Exercise requirements: After finding the line containing "土・日曜日: 10:00~17:00" below, please output that line and each following one through the line containing "dimensions included standard adjustable feet", exactly as written.

── Task input ──

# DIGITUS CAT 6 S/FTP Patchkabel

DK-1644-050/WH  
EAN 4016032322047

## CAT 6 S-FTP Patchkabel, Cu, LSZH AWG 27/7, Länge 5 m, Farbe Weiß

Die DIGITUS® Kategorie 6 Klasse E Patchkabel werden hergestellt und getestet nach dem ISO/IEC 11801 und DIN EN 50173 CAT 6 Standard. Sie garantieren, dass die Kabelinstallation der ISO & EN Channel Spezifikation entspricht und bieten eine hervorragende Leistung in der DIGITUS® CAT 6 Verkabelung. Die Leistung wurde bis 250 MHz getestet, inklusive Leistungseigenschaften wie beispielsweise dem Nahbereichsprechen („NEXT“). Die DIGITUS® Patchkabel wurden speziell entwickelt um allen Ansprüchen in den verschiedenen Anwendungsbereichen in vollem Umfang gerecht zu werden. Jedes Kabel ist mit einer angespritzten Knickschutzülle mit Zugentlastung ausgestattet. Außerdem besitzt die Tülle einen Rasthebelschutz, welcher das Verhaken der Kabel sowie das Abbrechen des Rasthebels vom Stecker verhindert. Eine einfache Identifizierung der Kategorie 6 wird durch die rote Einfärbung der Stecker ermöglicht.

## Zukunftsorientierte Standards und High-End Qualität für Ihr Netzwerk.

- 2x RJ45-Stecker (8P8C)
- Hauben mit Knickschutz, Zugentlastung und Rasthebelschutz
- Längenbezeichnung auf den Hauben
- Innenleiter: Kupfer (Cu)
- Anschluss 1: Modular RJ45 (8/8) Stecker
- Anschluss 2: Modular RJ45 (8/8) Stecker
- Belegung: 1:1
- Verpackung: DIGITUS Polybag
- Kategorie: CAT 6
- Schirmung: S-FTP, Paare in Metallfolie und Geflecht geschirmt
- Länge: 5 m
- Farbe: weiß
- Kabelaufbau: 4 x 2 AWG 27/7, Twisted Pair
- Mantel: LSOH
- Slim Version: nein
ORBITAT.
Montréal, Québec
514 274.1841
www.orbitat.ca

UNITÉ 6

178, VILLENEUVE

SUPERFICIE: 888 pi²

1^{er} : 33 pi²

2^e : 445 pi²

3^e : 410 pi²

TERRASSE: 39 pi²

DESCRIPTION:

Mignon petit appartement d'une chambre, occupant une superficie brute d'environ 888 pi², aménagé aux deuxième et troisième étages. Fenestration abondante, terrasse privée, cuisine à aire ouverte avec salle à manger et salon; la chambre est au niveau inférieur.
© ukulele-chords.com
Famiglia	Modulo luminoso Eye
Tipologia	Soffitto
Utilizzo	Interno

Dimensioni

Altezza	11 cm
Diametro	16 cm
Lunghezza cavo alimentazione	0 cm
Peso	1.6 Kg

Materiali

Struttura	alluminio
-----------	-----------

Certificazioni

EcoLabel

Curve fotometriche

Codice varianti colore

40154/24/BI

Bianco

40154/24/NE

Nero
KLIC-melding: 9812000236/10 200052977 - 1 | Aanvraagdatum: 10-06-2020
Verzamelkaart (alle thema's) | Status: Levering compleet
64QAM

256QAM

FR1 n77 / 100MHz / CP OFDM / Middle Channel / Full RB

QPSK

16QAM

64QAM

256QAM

───
── Task input ──

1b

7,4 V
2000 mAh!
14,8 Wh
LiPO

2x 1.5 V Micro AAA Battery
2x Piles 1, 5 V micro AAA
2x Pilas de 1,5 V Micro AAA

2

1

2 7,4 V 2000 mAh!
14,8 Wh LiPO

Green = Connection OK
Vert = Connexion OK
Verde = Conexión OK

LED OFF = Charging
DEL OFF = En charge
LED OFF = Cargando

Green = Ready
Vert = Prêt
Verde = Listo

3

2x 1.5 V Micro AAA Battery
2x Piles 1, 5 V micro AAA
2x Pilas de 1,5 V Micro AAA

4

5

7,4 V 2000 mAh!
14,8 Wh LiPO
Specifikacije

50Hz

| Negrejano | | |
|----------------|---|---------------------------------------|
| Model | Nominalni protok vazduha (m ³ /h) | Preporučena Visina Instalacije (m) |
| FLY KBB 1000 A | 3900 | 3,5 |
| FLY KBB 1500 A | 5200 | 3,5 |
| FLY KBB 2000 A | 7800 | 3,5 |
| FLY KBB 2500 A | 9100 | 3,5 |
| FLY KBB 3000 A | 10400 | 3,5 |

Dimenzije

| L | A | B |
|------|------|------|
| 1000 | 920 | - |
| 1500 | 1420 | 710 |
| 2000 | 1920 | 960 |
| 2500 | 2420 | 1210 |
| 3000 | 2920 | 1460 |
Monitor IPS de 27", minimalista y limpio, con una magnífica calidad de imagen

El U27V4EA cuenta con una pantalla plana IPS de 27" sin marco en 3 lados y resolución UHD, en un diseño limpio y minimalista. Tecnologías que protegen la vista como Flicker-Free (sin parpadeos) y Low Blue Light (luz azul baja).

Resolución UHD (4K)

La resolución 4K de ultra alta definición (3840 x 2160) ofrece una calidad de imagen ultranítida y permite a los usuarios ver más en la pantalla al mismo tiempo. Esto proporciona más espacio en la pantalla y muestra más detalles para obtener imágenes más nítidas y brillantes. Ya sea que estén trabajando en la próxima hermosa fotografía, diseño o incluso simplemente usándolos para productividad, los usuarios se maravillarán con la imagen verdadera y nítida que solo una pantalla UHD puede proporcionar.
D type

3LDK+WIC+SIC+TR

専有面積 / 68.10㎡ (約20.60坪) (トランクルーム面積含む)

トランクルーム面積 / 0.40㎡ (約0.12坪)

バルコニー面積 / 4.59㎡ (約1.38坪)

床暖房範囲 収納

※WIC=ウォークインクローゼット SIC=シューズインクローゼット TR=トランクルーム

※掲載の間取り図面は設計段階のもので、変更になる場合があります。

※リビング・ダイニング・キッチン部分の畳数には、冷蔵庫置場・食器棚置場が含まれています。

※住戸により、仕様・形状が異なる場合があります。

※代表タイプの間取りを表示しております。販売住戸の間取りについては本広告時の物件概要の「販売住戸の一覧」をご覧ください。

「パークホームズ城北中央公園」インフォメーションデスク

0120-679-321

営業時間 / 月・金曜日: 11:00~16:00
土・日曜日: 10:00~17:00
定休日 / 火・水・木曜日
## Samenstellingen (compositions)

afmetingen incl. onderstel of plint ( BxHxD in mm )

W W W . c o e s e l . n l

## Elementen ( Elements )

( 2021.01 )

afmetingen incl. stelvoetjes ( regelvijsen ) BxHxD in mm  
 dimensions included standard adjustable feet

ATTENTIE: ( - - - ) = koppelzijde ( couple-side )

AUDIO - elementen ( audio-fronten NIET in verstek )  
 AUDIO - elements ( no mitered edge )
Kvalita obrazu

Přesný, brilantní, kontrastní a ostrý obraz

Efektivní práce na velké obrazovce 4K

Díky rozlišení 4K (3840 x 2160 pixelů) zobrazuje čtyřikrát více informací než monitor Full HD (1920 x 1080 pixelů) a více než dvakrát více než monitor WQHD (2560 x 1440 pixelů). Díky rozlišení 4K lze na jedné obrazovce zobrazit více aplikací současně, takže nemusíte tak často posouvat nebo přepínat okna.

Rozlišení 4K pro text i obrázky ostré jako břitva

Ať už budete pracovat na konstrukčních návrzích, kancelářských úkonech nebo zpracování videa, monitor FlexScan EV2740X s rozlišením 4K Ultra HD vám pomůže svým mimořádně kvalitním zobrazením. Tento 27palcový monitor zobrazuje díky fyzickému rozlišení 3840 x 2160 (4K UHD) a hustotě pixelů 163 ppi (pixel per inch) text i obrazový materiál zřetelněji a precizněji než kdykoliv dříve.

───

Answer to the problem:
土・日曜日: 10:00~17:00
定休日 / 火・水・木曜日
## Samenstellingen (compositions)

afmetingen incl. onderstel of plint ( BxHxD in mm )

W W W . c o e s e l . n l

## Elementen ( Elements )

( 2021.01 )

afmetingen incl. stelvoetjes ( regelvijsen ) BxHxD in mm  
 dimensions included standard adjustable feet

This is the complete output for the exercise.